[Data extracted from a collection]
━━━━━━

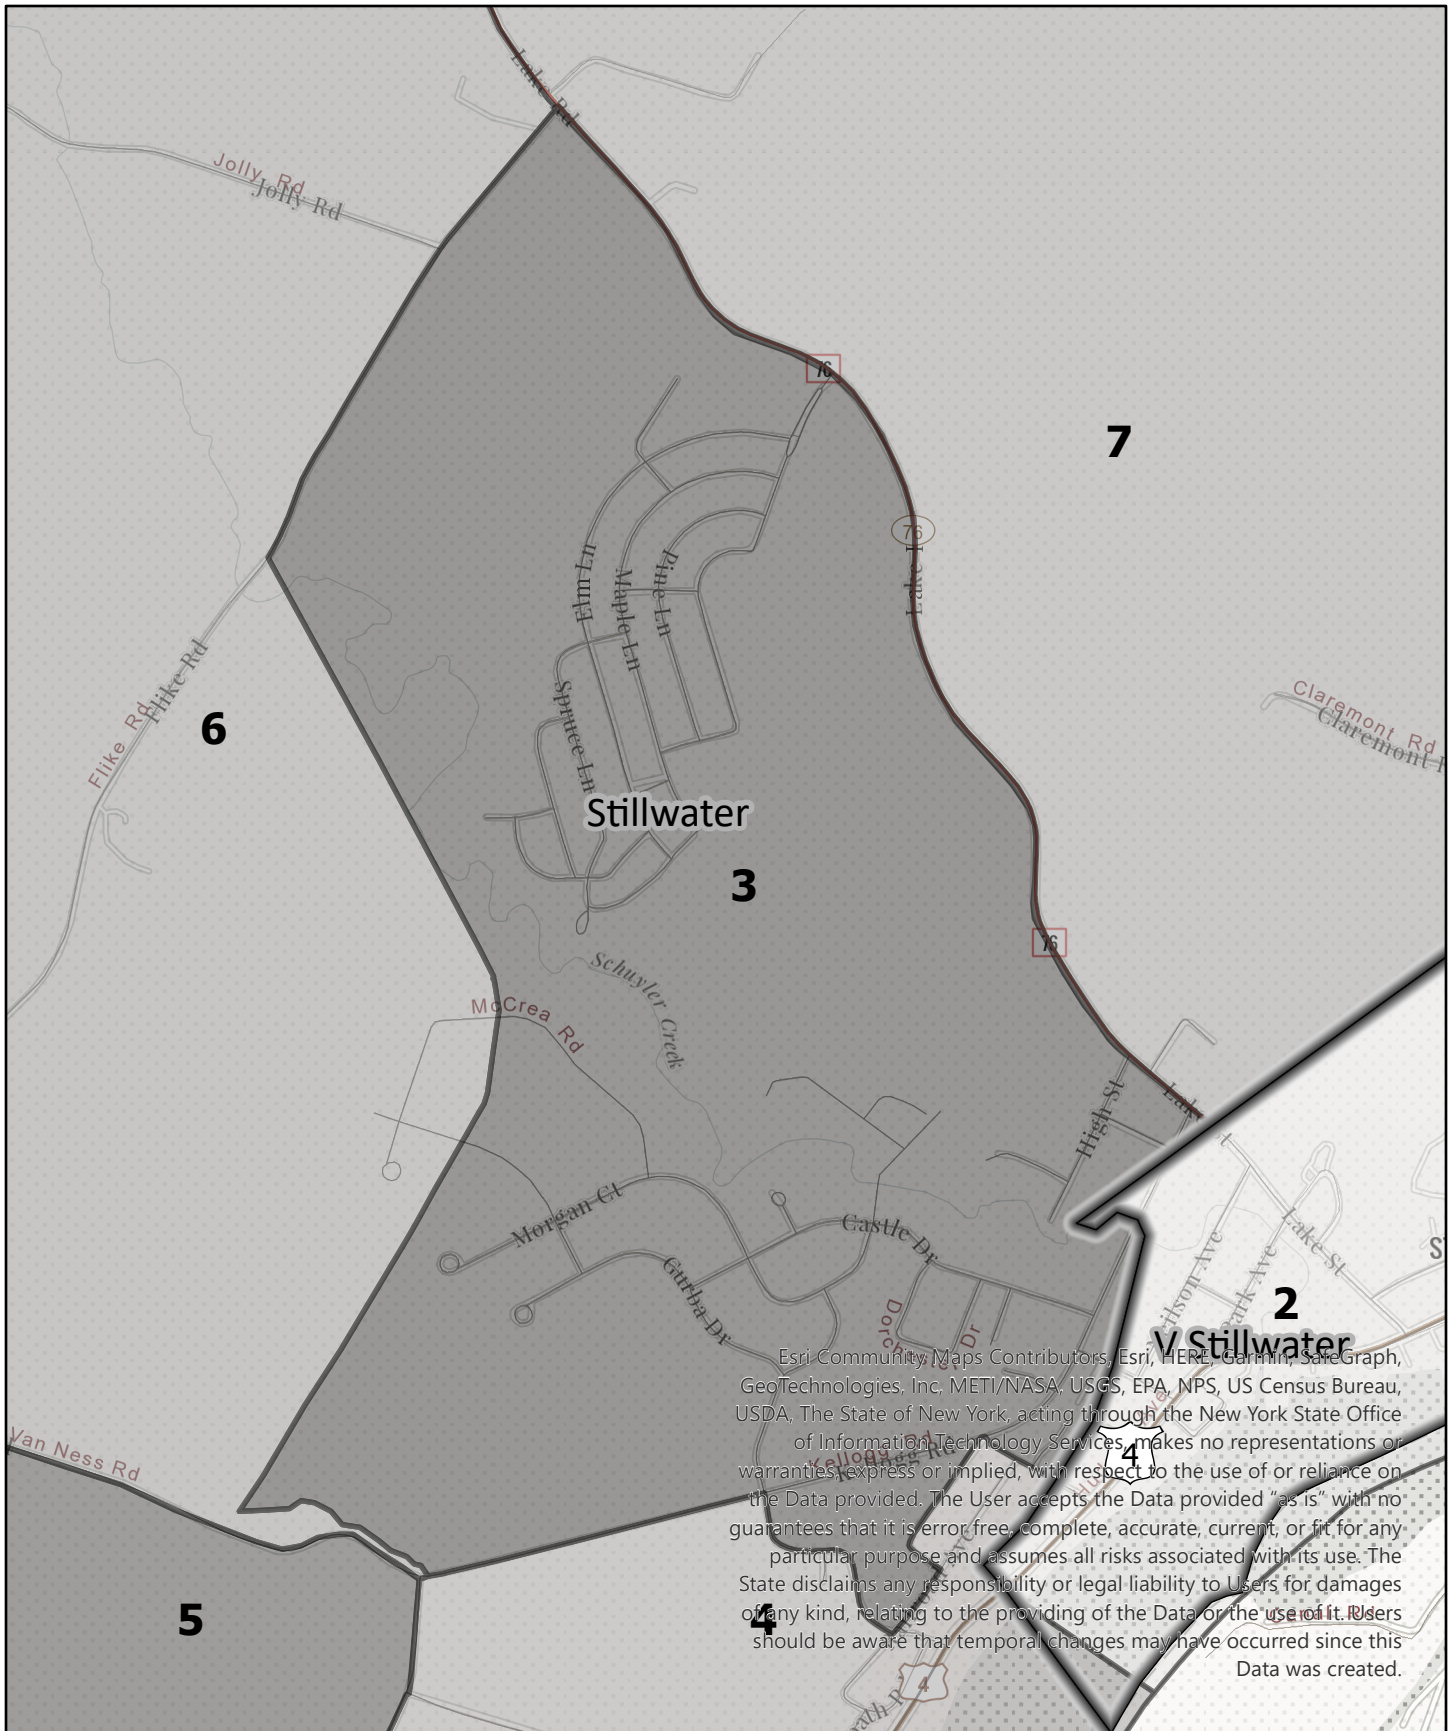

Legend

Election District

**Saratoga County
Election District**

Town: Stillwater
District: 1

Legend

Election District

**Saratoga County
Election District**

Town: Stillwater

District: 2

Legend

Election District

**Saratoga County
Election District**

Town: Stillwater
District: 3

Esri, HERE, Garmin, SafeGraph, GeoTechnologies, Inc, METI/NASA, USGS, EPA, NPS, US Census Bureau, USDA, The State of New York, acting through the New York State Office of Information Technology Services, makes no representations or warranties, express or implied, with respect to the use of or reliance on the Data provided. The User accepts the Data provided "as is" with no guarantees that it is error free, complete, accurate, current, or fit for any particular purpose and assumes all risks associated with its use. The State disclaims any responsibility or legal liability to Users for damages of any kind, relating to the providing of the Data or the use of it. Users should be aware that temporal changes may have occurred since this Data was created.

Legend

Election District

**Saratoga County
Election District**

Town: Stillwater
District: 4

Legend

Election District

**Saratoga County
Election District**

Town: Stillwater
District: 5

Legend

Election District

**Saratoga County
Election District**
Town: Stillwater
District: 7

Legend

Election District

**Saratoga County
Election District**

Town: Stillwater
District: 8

━━━━━━

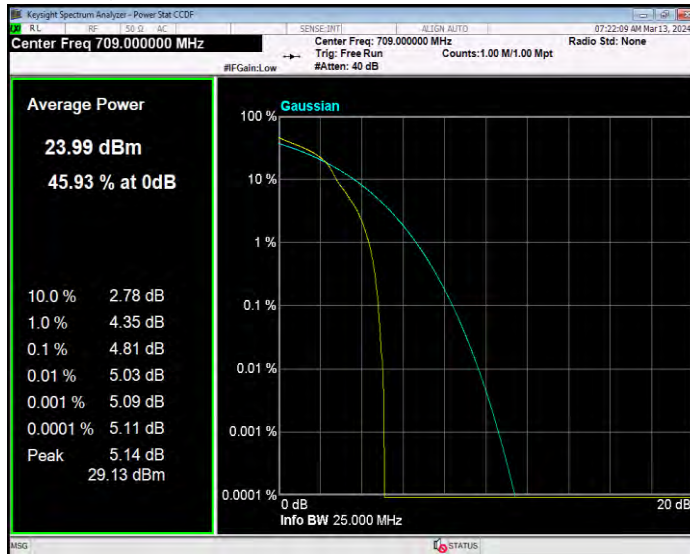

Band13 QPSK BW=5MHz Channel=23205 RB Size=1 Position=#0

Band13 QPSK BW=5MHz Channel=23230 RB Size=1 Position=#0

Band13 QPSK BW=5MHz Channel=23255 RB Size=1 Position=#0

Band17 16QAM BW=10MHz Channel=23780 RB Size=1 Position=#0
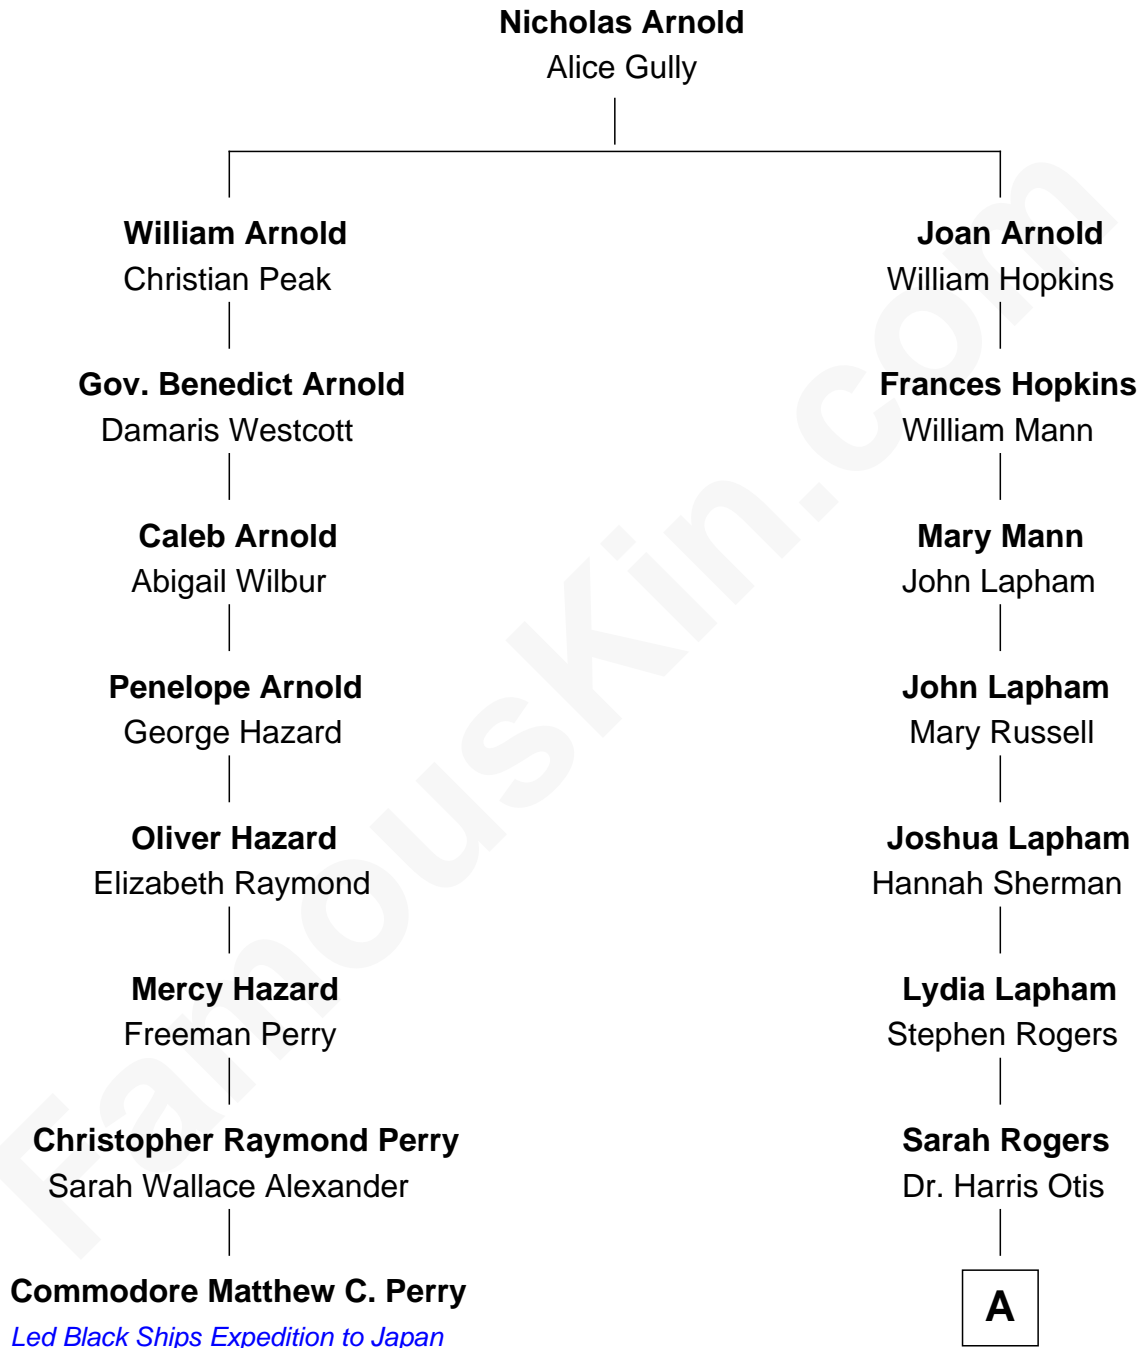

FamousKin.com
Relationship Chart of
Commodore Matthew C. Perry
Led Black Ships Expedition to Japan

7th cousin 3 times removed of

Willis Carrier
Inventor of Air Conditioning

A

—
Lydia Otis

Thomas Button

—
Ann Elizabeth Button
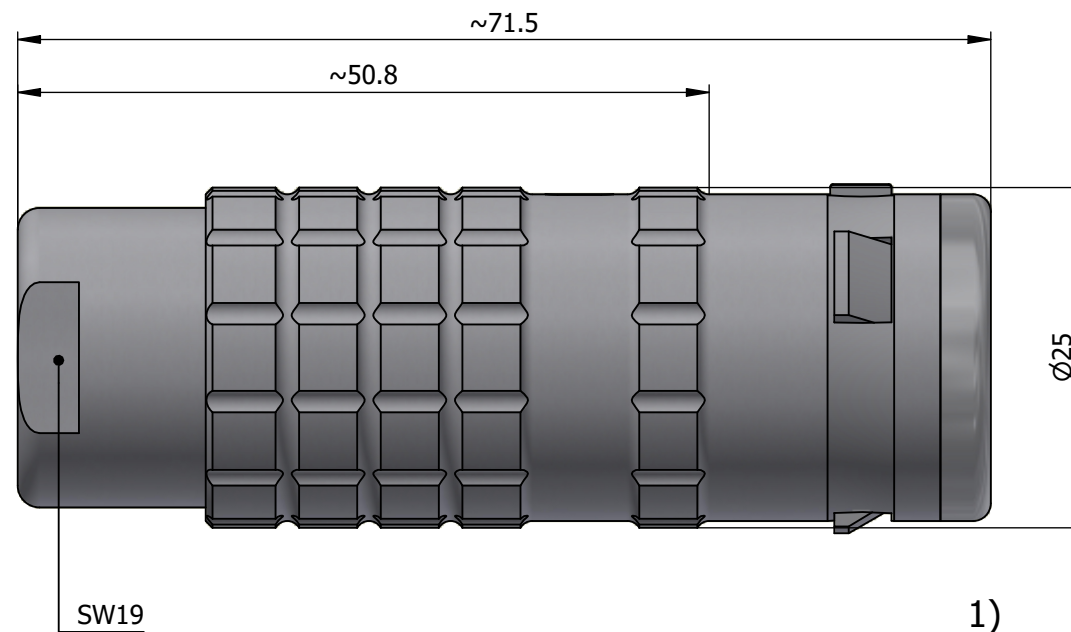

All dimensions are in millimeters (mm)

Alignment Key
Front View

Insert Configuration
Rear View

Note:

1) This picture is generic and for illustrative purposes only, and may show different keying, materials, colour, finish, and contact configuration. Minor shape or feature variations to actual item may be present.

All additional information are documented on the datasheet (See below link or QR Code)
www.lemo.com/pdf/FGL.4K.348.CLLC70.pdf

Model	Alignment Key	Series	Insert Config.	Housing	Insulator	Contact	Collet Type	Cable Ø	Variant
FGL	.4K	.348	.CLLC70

━━━━━━

## [Work required]
Your answer should be every line above that contains the word "Insert".

## [Reply to the task]
Insert Configuration
Model	Alignment Key	Series	Insert Config.	Housing	Insulator	Contact	Collet Type	Cable Ø	Variant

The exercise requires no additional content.